Work request. Retype each line of the data below exactly, beginning with the first and ending with the one that contains "Vzorník RAL". Pictures do not belong in the copy.

Material for this exercise.

____________________

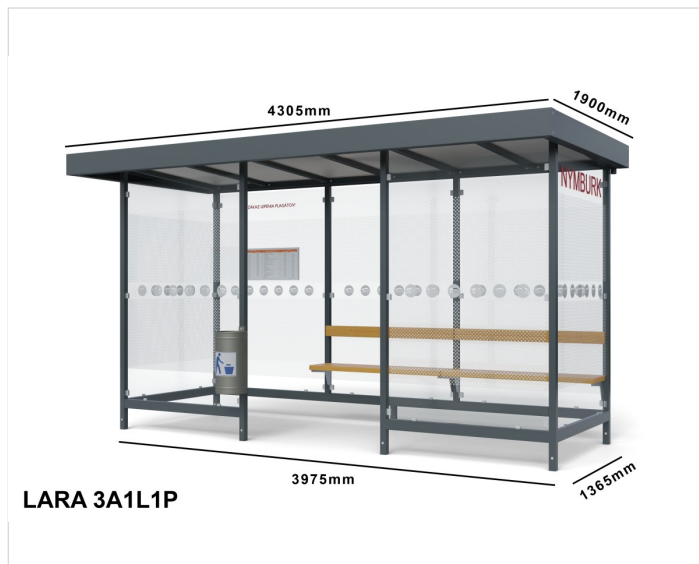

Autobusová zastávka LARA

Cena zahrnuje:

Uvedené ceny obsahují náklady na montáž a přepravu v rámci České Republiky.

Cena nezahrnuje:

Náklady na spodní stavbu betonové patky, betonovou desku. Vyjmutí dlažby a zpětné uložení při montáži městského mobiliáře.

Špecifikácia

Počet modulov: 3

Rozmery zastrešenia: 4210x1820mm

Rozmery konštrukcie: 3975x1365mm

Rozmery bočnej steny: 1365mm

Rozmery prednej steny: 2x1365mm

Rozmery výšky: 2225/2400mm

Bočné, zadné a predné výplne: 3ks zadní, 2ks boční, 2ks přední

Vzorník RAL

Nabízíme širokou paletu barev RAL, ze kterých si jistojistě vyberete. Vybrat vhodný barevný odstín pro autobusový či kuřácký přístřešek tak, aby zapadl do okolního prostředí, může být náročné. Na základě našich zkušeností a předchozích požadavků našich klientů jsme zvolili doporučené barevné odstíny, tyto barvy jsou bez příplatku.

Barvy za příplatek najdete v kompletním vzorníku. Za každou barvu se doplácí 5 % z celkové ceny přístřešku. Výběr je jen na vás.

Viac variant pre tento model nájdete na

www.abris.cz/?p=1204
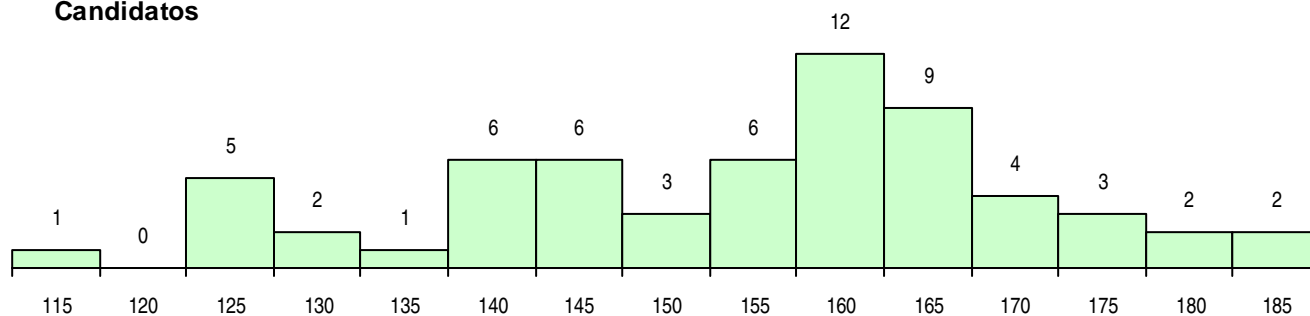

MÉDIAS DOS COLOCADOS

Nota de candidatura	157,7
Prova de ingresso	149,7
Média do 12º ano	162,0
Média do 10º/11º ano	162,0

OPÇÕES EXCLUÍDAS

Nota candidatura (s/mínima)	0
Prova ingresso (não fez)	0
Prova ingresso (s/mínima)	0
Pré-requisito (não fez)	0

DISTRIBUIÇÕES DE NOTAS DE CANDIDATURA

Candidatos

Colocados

____________________

Finished exercise.
Autobusová zastávka LARA

Cena zahrnuje:

Uvedené ceny obsahují náklady na montáž a přepravu v rámci České Republiky.

Cena nezahrnuje:

Náklady na spodní stavbu betonové patky, betonovou desku. Vyjmutí dlažby a zpětné uložení při montáži městského mobiliáře.

Špecifikácia

Počet modulov: 3

Rozmery zastrešenia: 4210x1820mm

Rozmery konštrukcie: 3975x1365mm

Rozmery bočnej steny: 1365mm

Rozmery prednej steny: 2x1365mm

Rozmery výšky: 2225/2400mm

Bočné, zadné a predné výplne: 3ks zadní, 2ks boční, 2ks přední

Vzorník RAL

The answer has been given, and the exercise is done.